Alkali Metals Limited (AML) is engaged in the manufacturing of a range of fine, based on related chemistry. Currently, the company has two manufacturing facilities, each having an installed capacity of 2200 MTPA. The Unit I is engaged in the manufacture of sodium metals, organo alkali metallics, tetrazoles, amino pyridines and caters to the domestic market and Unit II, a 100% EOU is engaged in the manufacture of pyridine derivatives, cyclic compounds and fine chemicals.
Company’s product portfolio is diversified in three categories, Sodium Derivatives, Pyridine Derivatives and Fine Chemicals.
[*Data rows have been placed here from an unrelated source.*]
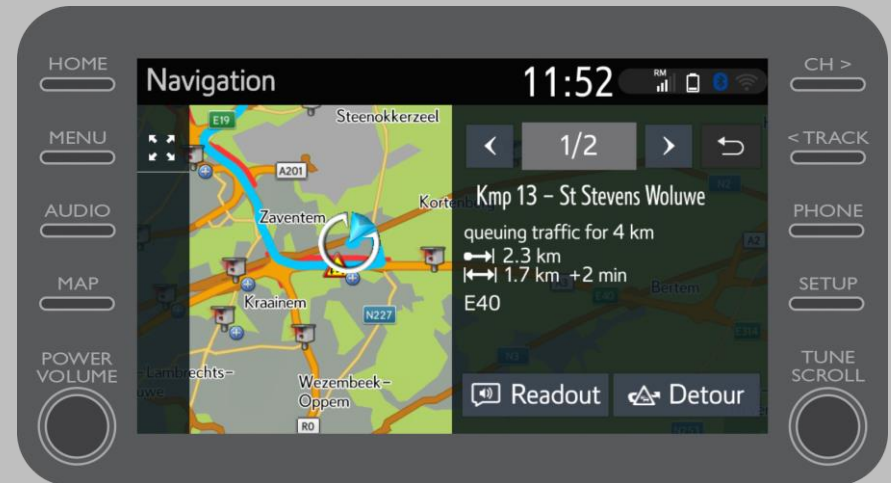

Nutzung der Online-Navigation Connected Services: Verkehrsinformationen

Klicken Sie auf die angezeigten Informationen um weitere Informationen zu erhalten oder eine Alternative zu finden.
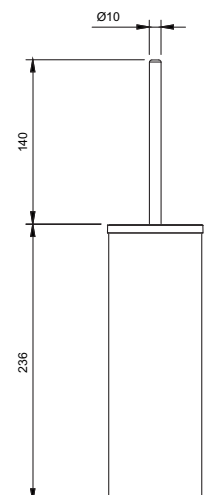

16175

Scopino wc d'appoggio
Free standing toilet brush
Dimensioni: 376 mm
Materiale: ottone/brass

cromo/ chrome € 178,50
total black € 214,20
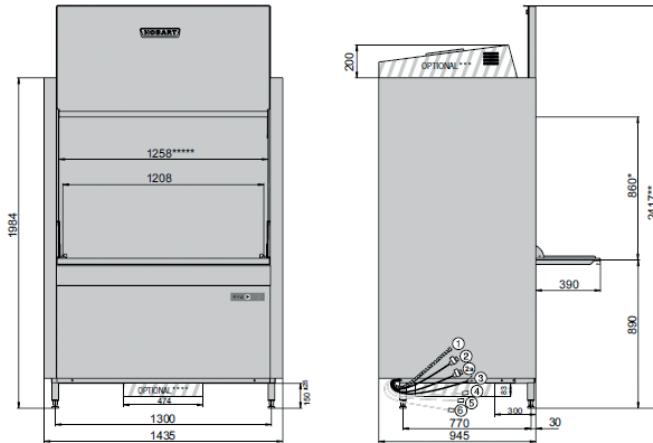

Lisävarusteet: lämmöntalteenotto poistovedestä, **VAPOSTOP** höyrynlauhdutin

KOPAL HOBART PREMAX UP / PREMAX UPT

KOPAL HOBART PREMAX UP

860* = sisäkorkeus voidaan madaltaa 650 mm:iin

2417** = korkeus voidaan madaltaa 2200 mm:iin

OPTIONAL*** = lisävaruste VAPOSTOP höyrynlauhdutin

OPTIONAL**** = lisävaruste lämmöntalteenotto poistovedestä

663***** = UP sivujohteiden väli 520 mm

1258***** = UPT sivujohteiden väli 1115 mm

KOPAL HOBART PREMAX UPT

Jalkojen säätövara ± 25 mm

TEKNISET TIEDOT	KOPAL HOBART PREMAX UP	KOPAL HOBART PREMAX UPT
Mitat (l x s x k)	840 x 945 x 1984 / 2417 mm	1435 x 945 x 1984 / 2417 mm
Pesutilan korkeus	860 mm	860 mm
Paino	205 kg	305 kg
Pesukorin mitat	600 x 760 mm	1240 x 700 mm
Pesuohjelmat	120 / 240 / 280 sekuntia	120 / 240 / 380 sekuntia
Pesuteho	13 - 30 koria/h	13 - 30 koria/h
Vedenkulutus / ohjelma	8 l	14 l
Altaan tilavuus	80 l	130 l
Melutaso	66 dB	70 dB
Teho	18,5 kW	24,5 kW
Liitäntä	400 V 3 N 3 x 32 A	400 V 3 N 3 x 50 A

Company manufactures the above products on bulk and regular basis, on campaign basis and also on contract manufacturing basis.
The company plans to use the proceeds of the current IPO for setting up of an API plant at Visakhapatnam.
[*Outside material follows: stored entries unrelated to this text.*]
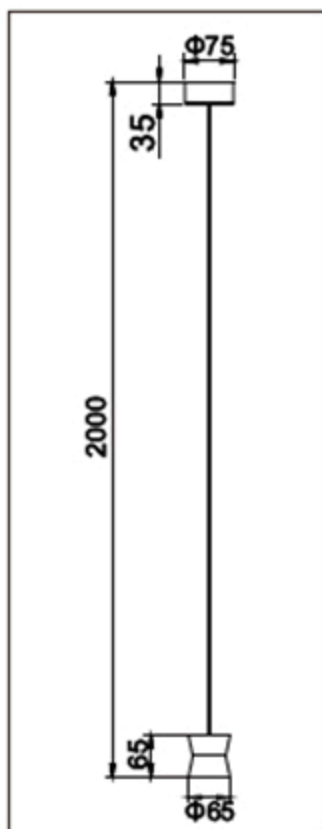

Инструкция по сборке IP20

L = Фаза--коричневая

N = Нейтральный провод--Синий

1. Настенный анкер
2. Самонарезающий винт
3. Клемма
4. вращающийся стационарный светильник

035.118
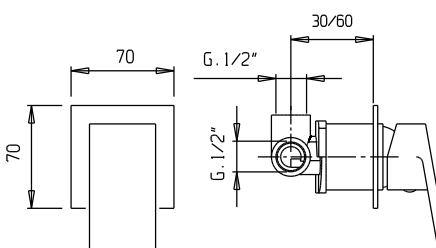

ART. CRTSDS73735K

CRM 260,00

INDHEV201900

Miscelatore incasso doccia 1 via con piastra da 70x70 mm

Built-in single-lever shower mixer - plate 70x70mm 1 way

Pz. 25
cm 32x34x44

ART. CRTSDS73735K#

CRM 123,00
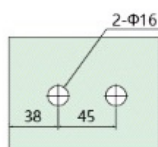

HEGOX ASAKUSA

BISAGRA LAT GALCE 90° 80 kg 8-10 mm LATÓN 104x45 mm

LATERAL HINGE 90° 80 kg 8-10 mm BRASS 104x45 mm

2020190 CB

2020191 Neg

BISAGRA DOBLE 180° 80 kg 8-10 mm LATÓN 177x45 mm

DOUBLE HINGE 180° 80 kg 8-10 mm BRASS 177X45 mm
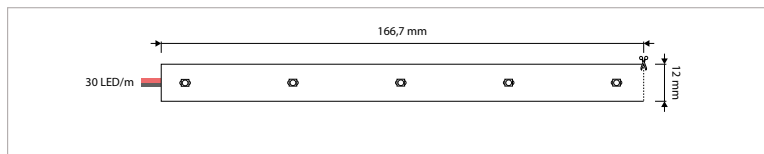

LED STRIP GOLD - HIGH POWER - IP68 - ROL 5 m - 7,2 W/m - B 12 mm - KNIPLENGTE 166,7 mm

VERSIE	LICHTKLEUR	CRI	LICHTSTROOM	VERMOGEN	DRIVER	ART.NR.	PRIJS	VOORRAAD
30 Leds/meter (/m)	2400 K	Ra >90	440 lm/m	7,2 W/m	24 V DC	46204100	€ 116,00	☺
30 Leds/meter (/m)	2700 K	Ra >90	460 lm/m	7,2 W/m	24 V DC	46204101	€ 116,00	☺
30 Leds/meter (/m)	3000 K	Ra >90	480 lm/m	7,2 W/m	24 V DC	46204102	€ 116,00	☺
30 Leds/meter (/m)	4000 K	Ra >90	500 lm/m	7,2 W/m	24 V DC	46204103	€ 116,00	☺
30 Leds/meter (/m)	6000 K	Ra >90	550 lm/m	7,2 W/m	24 V DC	46204105	€ 116,00	☺

LED STRIP GOLD - HIGH POWER - IP68 - ROL 5 m - 14,4 W/m - B 12 mm - KNIPLENGTE 100 mm

VERSIE	LICHTKLEUR	CRI	LICHTSTROOM	VERMOGEN	DRIVER	ART.NR.	PRIJS	VOORRAAD
60 Leds/meter (/m)	2400 K	Ra >90	880 lm/m	14,4 W/m	24 V DC	46204110	€ 173,00	☺
60 Leds/meter (/m)	2700 K	Ra >90	930 lm/m	14,4 W/m	24 V DC	46204111	€ 173,00	☺
60 Leds/meter (/m)	3000 K	Ra >90	860 lm/m	14,4 W/m	24 V DC	46204112	€ 173,00	☺
60 Leds/meter (/m)	4000 K	Ra >90	1.010 lm/m	14,4 W/m	24 V DC	46204113	€ 173,00	☺
60 Leds/meter (/m)	6000 K	Ra >90	1.090 lm/m	14,4 W/m	24 V DC	46204115	€ 173,00	☺
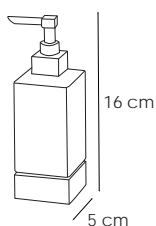

SOBREMESA / SUELO

Cromo 36 €

Cromo 36 €

Cromo 40 €

Cromo 48 €

At a price band of Rs.90 to Rs.105 per equity share, the company is trading at a P/E multiple of 13x at lower side of the band and 15.21x at the higher side of its annualized EPS of Rs.6.90 for four months ended July’08. Looking at the post issue valuation the issue will trade at a P/E of 17.31x at the lower side of the band and 20.19x at the higher side of its annualized EPS of Rs.5.20 four months ended July’08.
Jubilant Organosys, company in similar business is trading at a P/E of 10 and hence valuations for Alkali Metals appear expensive in the price band of Rs 90 to Rs 105 and hence we recommend investors to avoid the IPO.